** DATASET RECORDS follows **

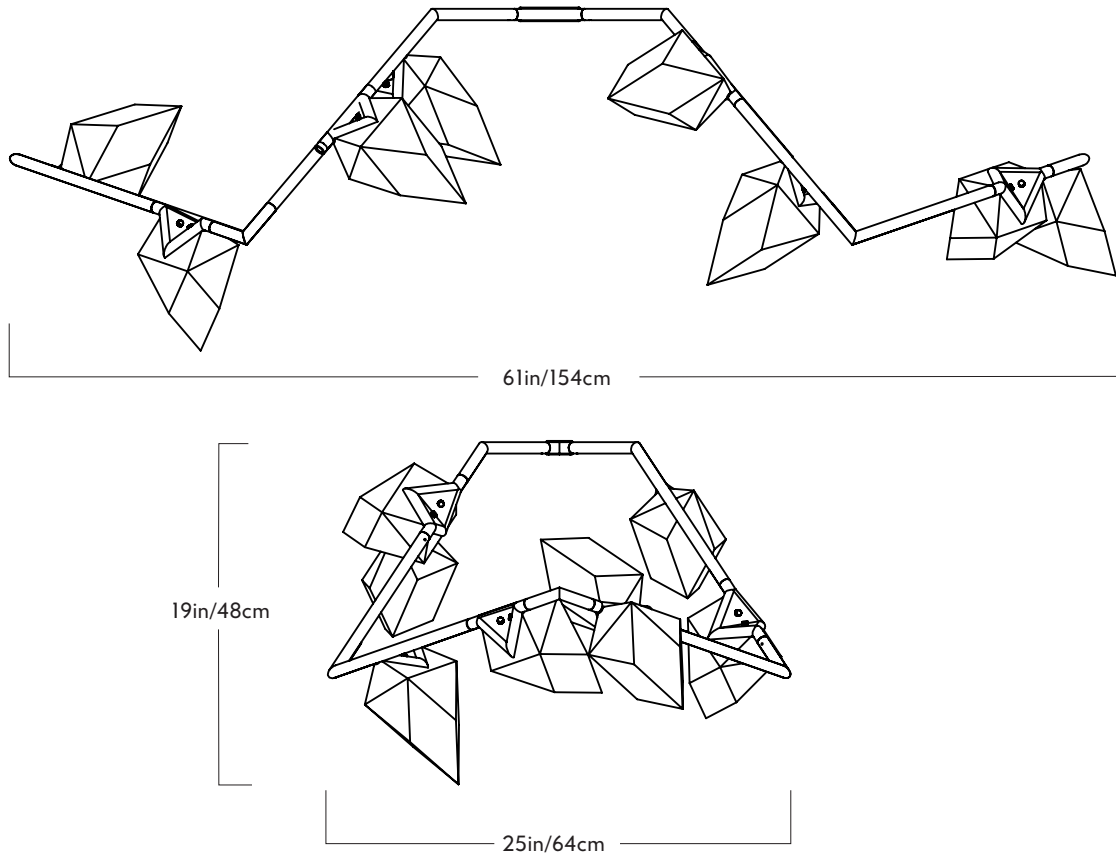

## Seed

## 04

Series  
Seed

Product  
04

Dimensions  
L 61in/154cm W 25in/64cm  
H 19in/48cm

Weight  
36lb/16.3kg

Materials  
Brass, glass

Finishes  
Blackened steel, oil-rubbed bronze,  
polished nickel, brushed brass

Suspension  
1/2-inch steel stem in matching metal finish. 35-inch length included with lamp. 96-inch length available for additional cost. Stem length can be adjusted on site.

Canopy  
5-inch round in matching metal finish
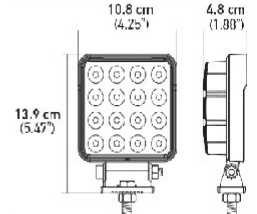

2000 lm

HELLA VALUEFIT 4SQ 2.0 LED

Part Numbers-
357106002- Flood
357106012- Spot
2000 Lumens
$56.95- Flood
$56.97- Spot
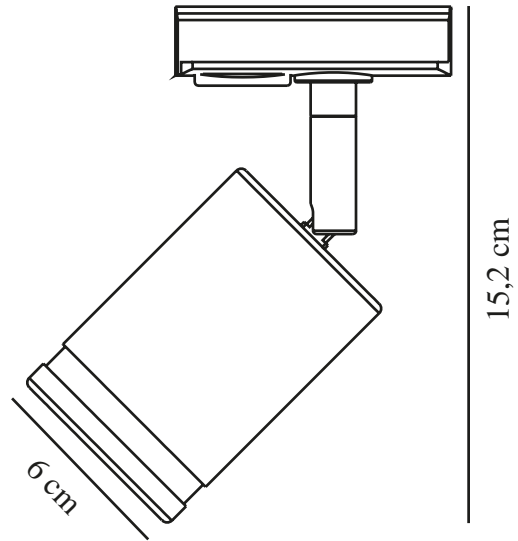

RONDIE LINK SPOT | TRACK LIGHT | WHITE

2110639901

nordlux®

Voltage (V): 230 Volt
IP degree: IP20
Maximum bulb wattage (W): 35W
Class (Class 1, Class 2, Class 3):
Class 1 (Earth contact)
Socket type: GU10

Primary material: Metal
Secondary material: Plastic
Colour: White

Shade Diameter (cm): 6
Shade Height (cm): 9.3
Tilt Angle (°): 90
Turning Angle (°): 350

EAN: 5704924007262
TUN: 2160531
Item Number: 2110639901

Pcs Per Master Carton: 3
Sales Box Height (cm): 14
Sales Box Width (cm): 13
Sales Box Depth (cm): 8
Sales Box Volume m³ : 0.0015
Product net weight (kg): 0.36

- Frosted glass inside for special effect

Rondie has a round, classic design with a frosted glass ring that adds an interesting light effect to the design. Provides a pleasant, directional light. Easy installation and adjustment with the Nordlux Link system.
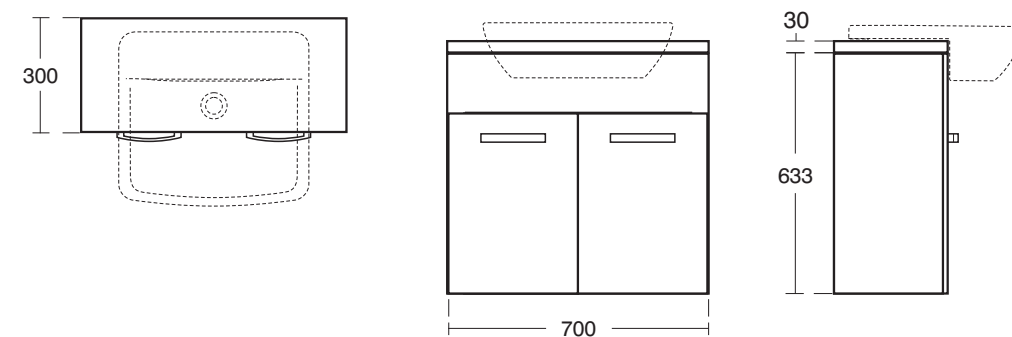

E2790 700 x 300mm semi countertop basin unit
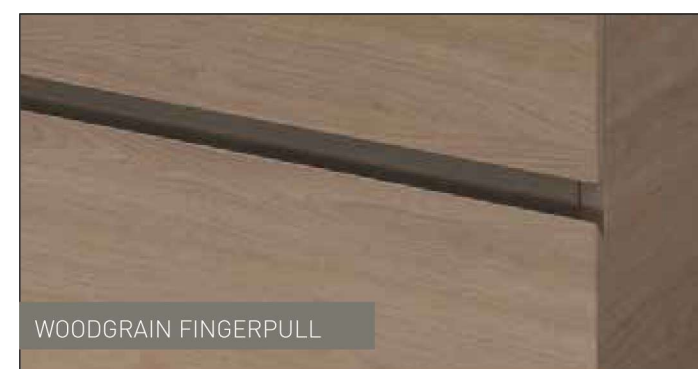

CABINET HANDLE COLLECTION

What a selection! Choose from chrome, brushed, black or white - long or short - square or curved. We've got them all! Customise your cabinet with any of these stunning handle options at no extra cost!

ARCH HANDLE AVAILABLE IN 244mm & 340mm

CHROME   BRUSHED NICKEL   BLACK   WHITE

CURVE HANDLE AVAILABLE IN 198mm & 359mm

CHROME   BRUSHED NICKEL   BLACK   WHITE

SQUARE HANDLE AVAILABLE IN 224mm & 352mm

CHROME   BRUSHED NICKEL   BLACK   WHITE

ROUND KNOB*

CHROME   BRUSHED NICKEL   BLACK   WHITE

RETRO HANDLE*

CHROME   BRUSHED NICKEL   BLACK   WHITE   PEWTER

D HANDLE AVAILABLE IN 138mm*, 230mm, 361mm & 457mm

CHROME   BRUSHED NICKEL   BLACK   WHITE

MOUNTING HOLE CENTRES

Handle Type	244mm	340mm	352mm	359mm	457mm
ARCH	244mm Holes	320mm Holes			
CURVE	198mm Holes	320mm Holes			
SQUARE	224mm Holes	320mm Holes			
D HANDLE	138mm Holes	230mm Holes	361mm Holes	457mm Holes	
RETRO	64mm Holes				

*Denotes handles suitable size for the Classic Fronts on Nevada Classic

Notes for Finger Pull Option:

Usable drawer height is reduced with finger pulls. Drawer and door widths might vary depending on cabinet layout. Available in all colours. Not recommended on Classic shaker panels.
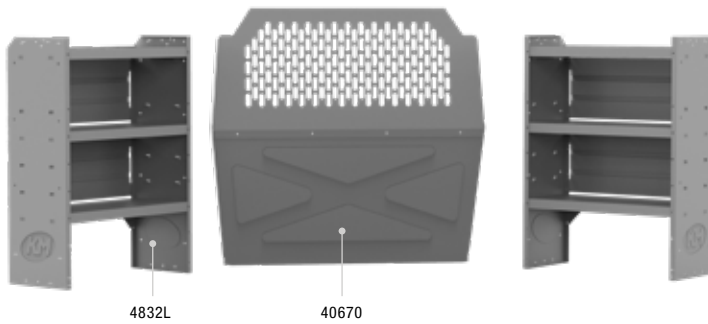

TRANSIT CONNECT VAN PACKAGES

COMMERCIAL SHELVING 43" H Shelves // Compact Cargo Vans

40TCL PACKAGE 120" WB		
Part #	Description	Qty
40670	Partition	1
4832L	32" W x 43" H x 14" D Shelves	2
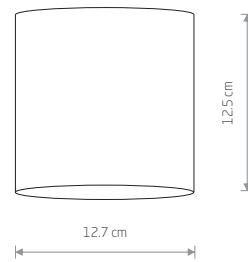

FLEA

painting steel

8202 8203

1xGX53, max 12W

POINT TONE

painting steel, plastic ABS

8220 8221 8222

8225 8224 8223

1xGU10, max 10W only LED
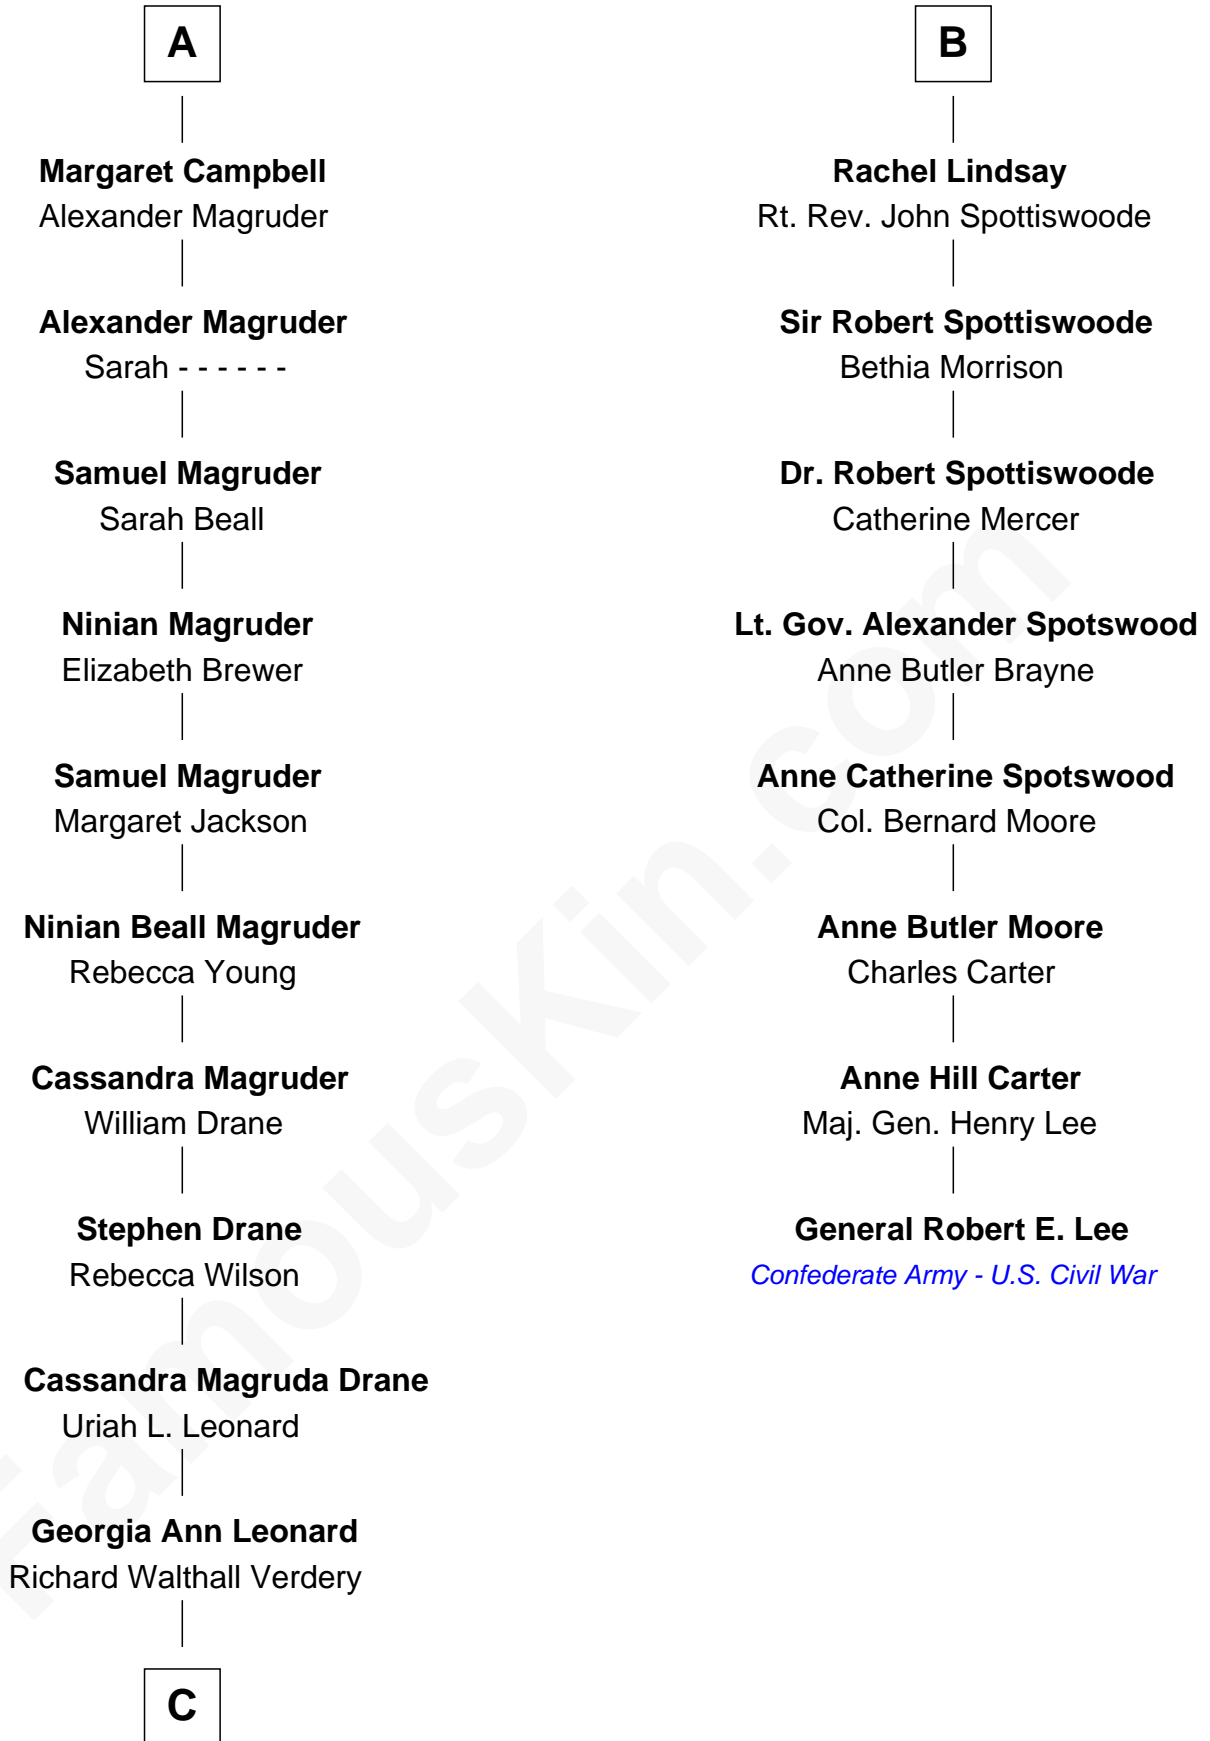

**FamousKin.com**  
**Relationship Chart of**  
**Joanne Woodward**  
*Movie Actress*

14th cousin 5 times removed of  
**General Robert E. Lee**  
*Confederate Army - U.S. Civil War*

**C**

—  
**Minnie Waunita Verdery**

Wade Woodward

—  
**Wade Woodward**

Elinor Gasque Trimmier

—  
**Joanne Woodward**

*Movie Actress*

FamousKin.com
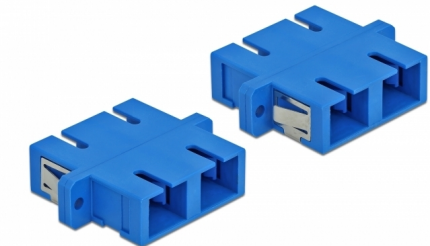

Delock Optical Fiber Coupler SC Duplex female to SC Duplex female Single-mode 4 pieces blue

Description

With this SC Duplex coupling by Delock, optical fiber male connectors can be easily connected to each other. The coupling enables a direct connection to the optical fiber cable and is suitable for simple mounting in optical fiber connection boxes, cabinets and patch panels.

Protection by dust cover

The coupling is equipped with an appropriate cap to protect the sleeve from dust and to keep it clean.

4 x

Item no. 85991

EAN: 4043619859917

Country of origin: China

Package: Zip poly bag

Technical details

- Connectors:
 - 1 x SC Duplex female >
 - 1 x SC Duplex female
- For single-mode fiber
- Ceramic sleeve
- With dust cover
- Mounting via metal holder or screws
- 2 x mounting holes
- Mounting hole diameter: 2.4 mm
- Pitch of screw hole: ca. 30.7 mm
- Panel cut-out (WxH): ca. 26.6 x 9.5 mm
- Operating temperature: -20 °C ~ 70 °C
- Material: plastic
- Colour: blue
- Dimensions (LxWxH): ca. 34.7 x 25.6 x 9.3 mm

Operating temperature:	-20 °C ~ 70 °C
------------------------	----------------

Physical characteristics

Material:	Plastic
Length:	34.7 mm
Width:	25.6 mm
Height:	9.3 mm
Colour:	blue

** End of DATASET RECORDS **

WHAT IS REQUIRED>
Within the lines above, find those holding the word "Duplex" and copy them.

RESULT FOR THIS EXERCISE>
Delock Optical Fiber Coupler SC Duplex female to SC Duplex female Single-mode 4 pieces blue
With this SC Duplex coupling by Delock, optical fiber male connectors can be easily connected to each other. The coupling enables a direct connection to the optical fiber cable and is suitable for simple mounting in optical fiber connection boxes, cabinets and patch panels.
 - 1 x SC Duplex female >
 - 1 x SC Duplex female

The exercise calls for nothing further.